Он собирал людей, как коллекцию голосов, душ, жестов, звуков. Он ждал от всех таких же чудес, каких мог ждать только от самого себя.
Мы лежали, как монетки в кепке нищего, добытые потом и трудом, добытые калечеством монетки побродили по свету достаточно и вот собрались вместе, чтобы дать человеку за муки вознаграждение. Он брал нас в кулак, потрясывая, и что-то торжествующе звенело, взрывалось, когда бросал на сцену. Настоящий, конечно же, настоящий, никем не притворялся.

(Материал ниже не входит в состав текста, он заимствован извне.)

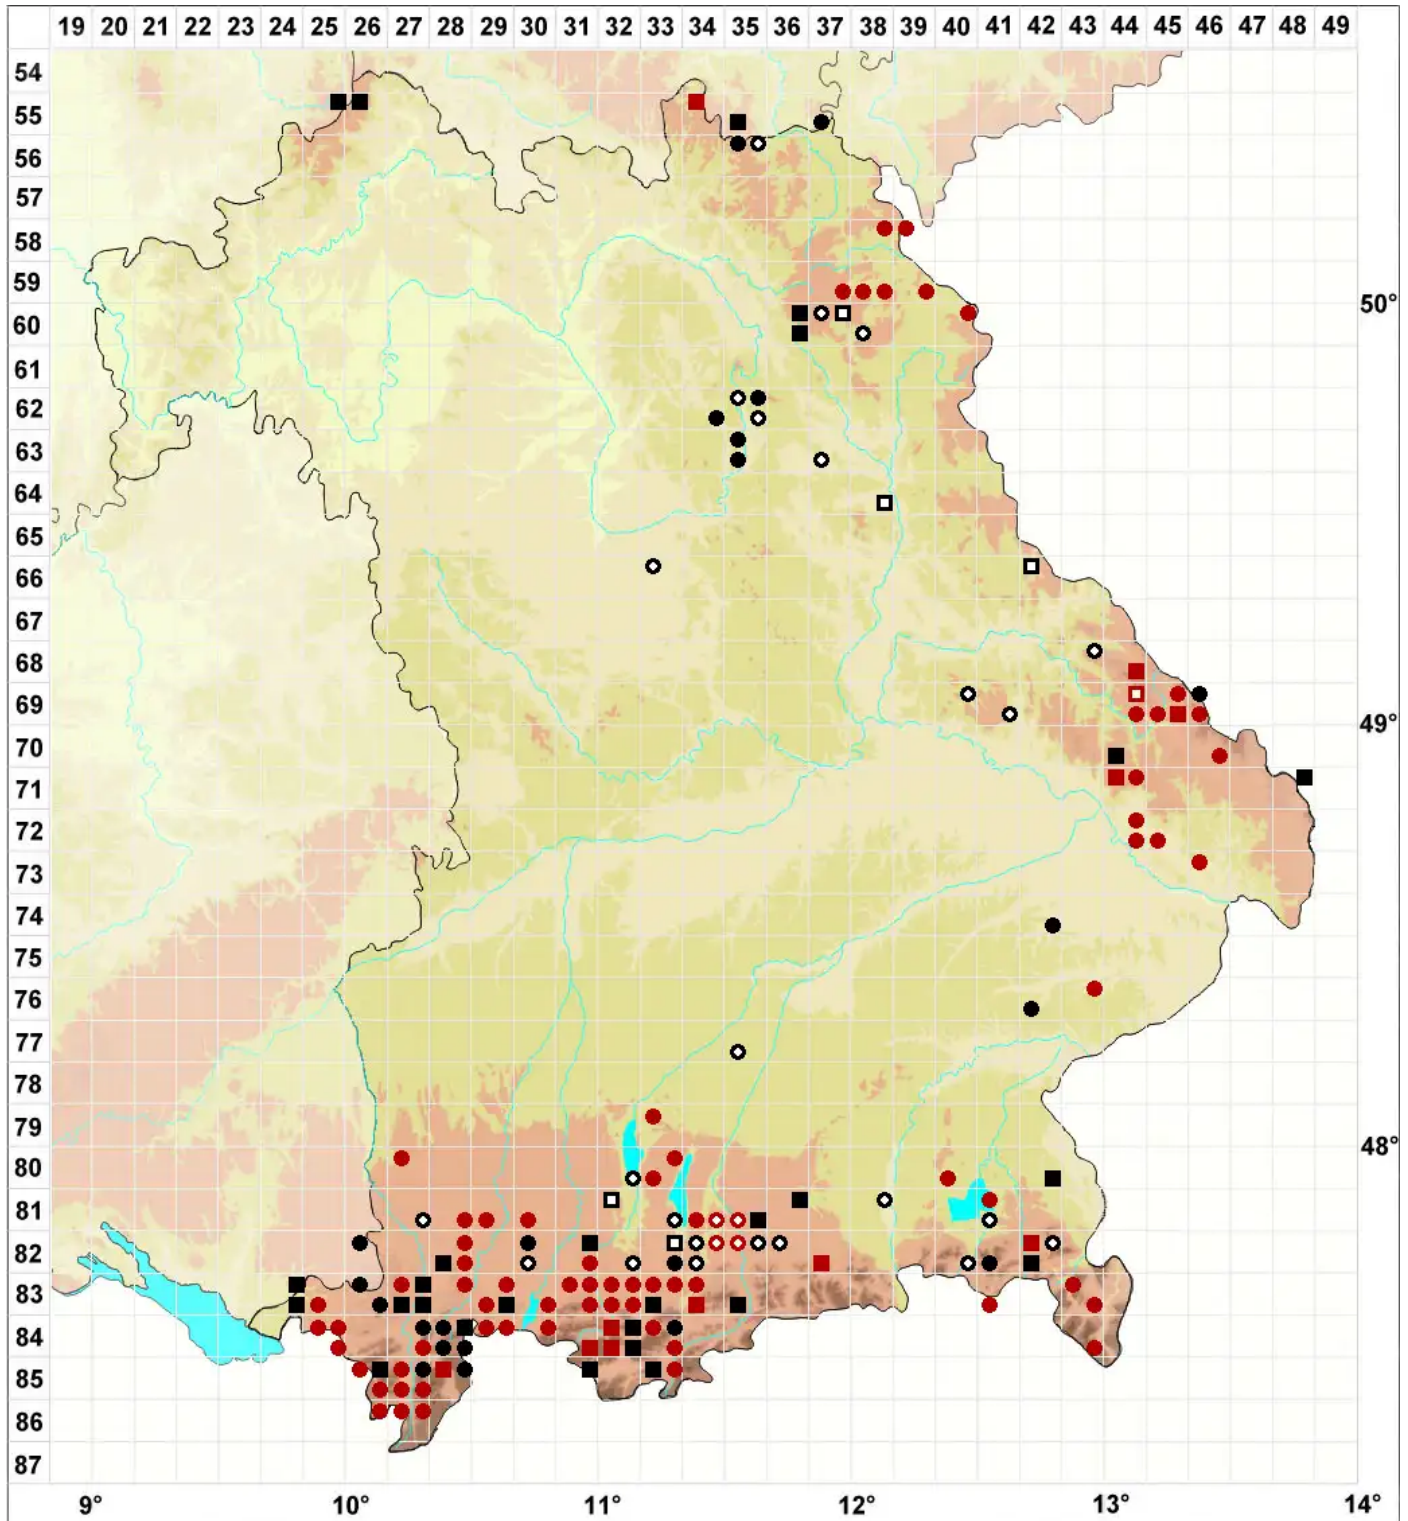

Sphagnum warnstorffii Russow

Warnstorfs Torfmoos

Legende:

- Symbole:**
- Ausgefülltes Symbol:
Zeitraum von 1980 bis heute (Aktuelle Angabe)
 - Leeres Symbol:
Zeitraum vor 1980 (Altangabe)
 - Quadrat: Herbarbeleg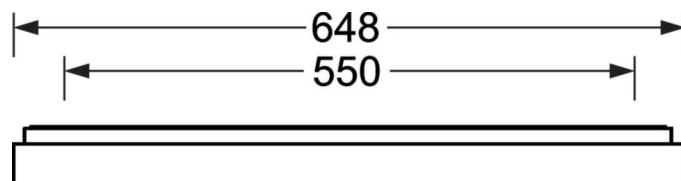

Настенный и потолочный светильник - рассеиватель микропризматический - прямой свет

Корпус из стального листа с порошковым напылением, прямоугольное сечение; встроенный монтажный щиток для простой и удобной установки; Цвет корпуса белый стандартный для электротехники RAL 9016; стекло с микропризматическим рельефом, технология "Multilayer", Распределение света прямой свет через рассеиватель микропризматический из ПММА, черной микрорешеткой, равномерный отраженный свет через опаловое стекло из ПММА. подходит для рабочих мест за дисплеем, при угле выше 65° меньше 3000 кд. на 1 кв. м; защита от слепящих лучей по всем направлениям согласно действующему стандарту DIN-EN 12464-1, UGR (4H/8H) 18.6. Удобное подключение к сети, прямо на поверхности светильника, с колпачком для клеммы; настройки ETM можно легко изменять на поверхности светильника. Подключение к сети через 5-полюсную присоединительную клемму втычного контакта..

параметры

номер заказа	65755014170
код EAN	4020863495436
номер таможенного тарифа	94051190
Знак прохождения контроля	IP 20, класс защиты I, для рабочих мест за дисплеем 65° < 3000, ENEC10 VDE, F, Indoor, CE
Степень ударопрочности IK	IK03
Температура окружающая	ta 25°C
Гарантийный срок	5 лет
Государственные программы поддержки	BEG - государственные субсидии для энергосберегающих зданий (действительна только для Германии)

электротехника

Балласт	Электронный драйвер Multilumen, 4-шага (1 штука)
Мощность системы	13W-7W
сетевое напряжение	230V/50Hz
автоматический предохранитель (пусковой ток)	45 штук/B10, 73 штук/B16, 71 штук/C10, 113 штук/C16
класс энергосбережения/Источник света	C

DEEP-LINK

<https://www.regiolum.de/ru/article/65755014170>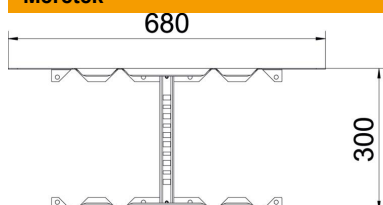

Muszaki adatlap

Multifunkciós összekötő

Cikkszám: 6225758

Multifunkciós összekötő 110 mm oldalmagasságú kábeltrák összekötéséhez. Alkalmas szimmetrikus és aszimmetrikus szűkítések, 0-60° közötti fokozatmentes ívek és leágazások létrehozásához.

St acél

FS szalaghorganyzott

Törzsadatok

Cikkszám	6225758
Típus	LMFV 1160 FS
1. megnevezés	multifunkciós összekötő
2. megnevezés	kábeltrákhoz 110mm
Gyártó	OBO
Méret	110x600
Anyag	acél
Felület	szalaghorganyzott
Felületi szabvány	DIN EN 10346
Legkisebb eladási egység	1
mennyiségegység	Darab
Súly	234 kg
súly-mértékegység	kg/100 darab

Muszaki adatlap

Multifunkciós összekötő

Cikkszám: 6225758

Méretetek

hossz	680 mm
szélesség	600 mm
Magasság	110 mm
lemezvastagság	1,5 mm
B méret	600 mm

Műszaki adatok

Kivétel	Hosszanti és sarokösszekötő
Tűzálló kábelrendszerek –	nem
Alkalmazható rácsos kábeltálcához	nem
Alkalmazható kábellétrához	igen
Alkalmazható kábeltálcához	nem
Megfelelő kábeltartórendszer-szélességhez max.	600 mm
Megfelelő kábeltartórendszer-szélességhez min.	600 mm
Alkalmazható magas kábeltartórendszerhez	110 mm
Csuklós összekötő, vízszintes	nem
Csuklós összekötő, függőleges	nem
Rozsdamentes acél, maratott	nem
Összekötési mód	Csavaros összekötő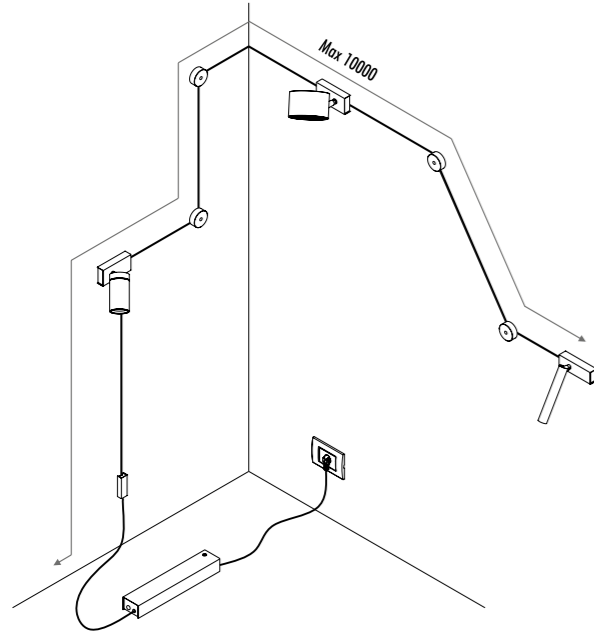

KIT ROSONE DA PARETE E SOFFITTO / WALL AND CEILING ROSE KIT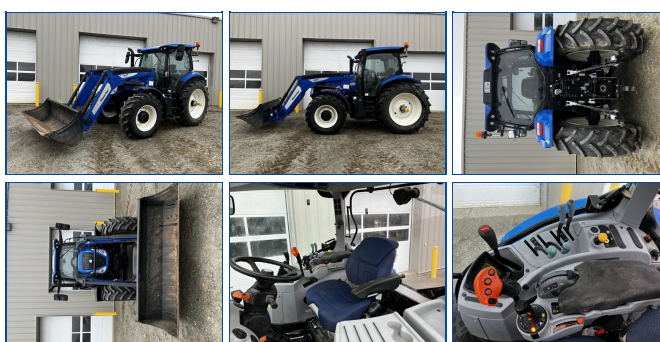

# TRACTEUR NEW HOLLAND T6.180

**Année :** 2022

**Heure moteur :** 1581

**Localisation :** Cookshire

**Contact :**

**# de référence :** EQ0040913

**Usage :** Agriculture

**Type :** Tracteur

**Type tertiaire :** 126 à 280HP

**Téléphone :**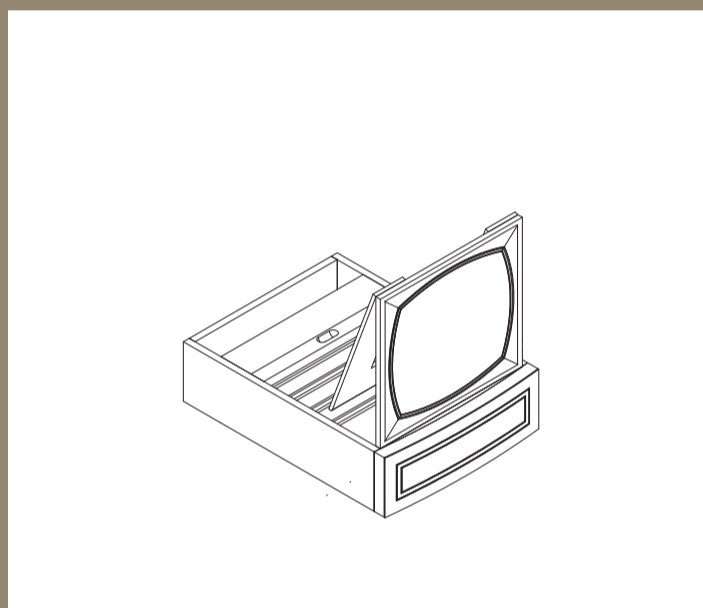

G261 Acc

ACCESSORIO PER COMÒ ART. 261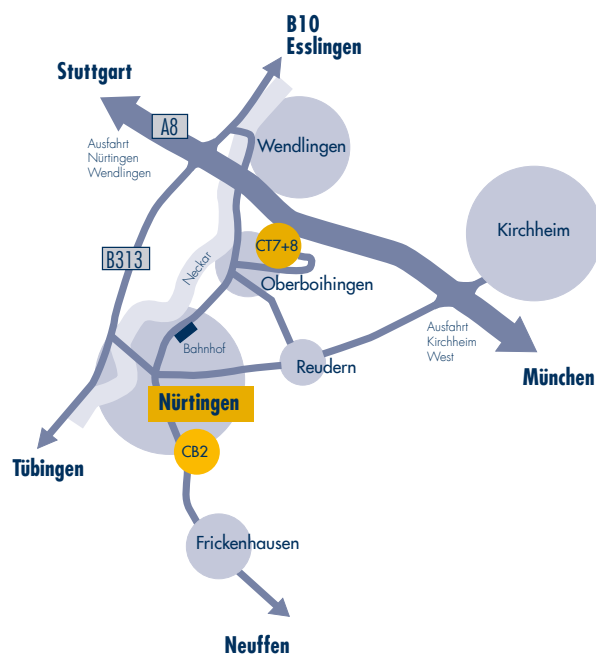

IHRE ANFAHRT

ANSCHRIFTEN UND ÖFFNUNGSZEITEN

Hochschulstandort Nürtingen
Lehr- und Versuchsgärten

CB - HfWU Campus Braike
CB2 Lehr- und Versuchsgarten Braike, Schelmenwasen 6

CT - HfWU Campus Tachenhausen
CT7 Lehr- und Versuchsgarten Tachenhausen, Hofgut Tachenhausen 14
CT8 Gewächshaus Lehr- und Versuchsgarten Tachenhausen, Hofgut Tachenhausen 14

Besuchen Sie auch unseren Lehr- und Versuchsgarten in Tachenhausen (Oberboihingen) in landschaftlich reizvoller Lage.

HOCHSCHULE FÜR WIRTSCHAFT UND UMWELT
NÜRTINGEN-GEISLINGEN (HfWU)

Lehr- und Versuchsgärten
Campus Braike, Schelmenwasen 6, 72622 Nürtingen
Tel. 07022 201-188 Fax 07022 201-219
lvlg@hfwu.de www.hfwu.de/lvg

LEHR- UND VERSUCHSGARTEN BRAIKE

Schelmenwasen 6, 72622 Nürtingen
Öffnungszeiten April bis Oktober:
Mo bis Fr: 8:00 Uhr bis 20:00 Uhr
November bis März: 9:00 bis 12:00 Uhr
(Bei Schnee und Eisglätte geschlossen.)

LEHR- UND VERSUCHSGARTEN TACHENHAUSEN

Hofgut Tachenhausen, 72644 Oberboihingen
Öffnungszeiten (ganzjährig): täglich von 8:00 bis 20:00 Uhr

Mit freundlicher Unterstützung:
Colorpress Druckerei GmbH, Nürtingen
www.colorpress.de

Если без метафор, то настоящего в жизни совсем мало: два-три ощущения, пять-шесть запахов и один ровный звук твоей души, ровно столько, чтобы успеть вспомнить перед смертью. Это были именно те известные ему звуки и запахи, и, когда говорили, что в «Ревизоре» он непоэтичен, Эмилия хохотала — как будто был поэтичен тот, другой, носатый и золотушный, тщеславный и одинокий, погрязший в мелочах, всех измучивший, даже собственную мать, требованиями сообщать ему в Рим подробности про нашу жуткую жизнь, от которой он не мог оторваться, был прикручен пуповиной. Эта-то пуповина, эта прикрученность и боль единственные могли называться поэзией. И деревянный сортир, по которому носились белые мыши и куда удалялся Хлестаков, как он сам говорил: «под сень любовных струй», должно быть, напоминал Игорю екатеринославский сортир его детства, а без этого сортира оставались только облака одни, а они, как известно, ежесекундно меняют форму. Есть только ладонь, неповторимость линий, неповторимость прикосновения.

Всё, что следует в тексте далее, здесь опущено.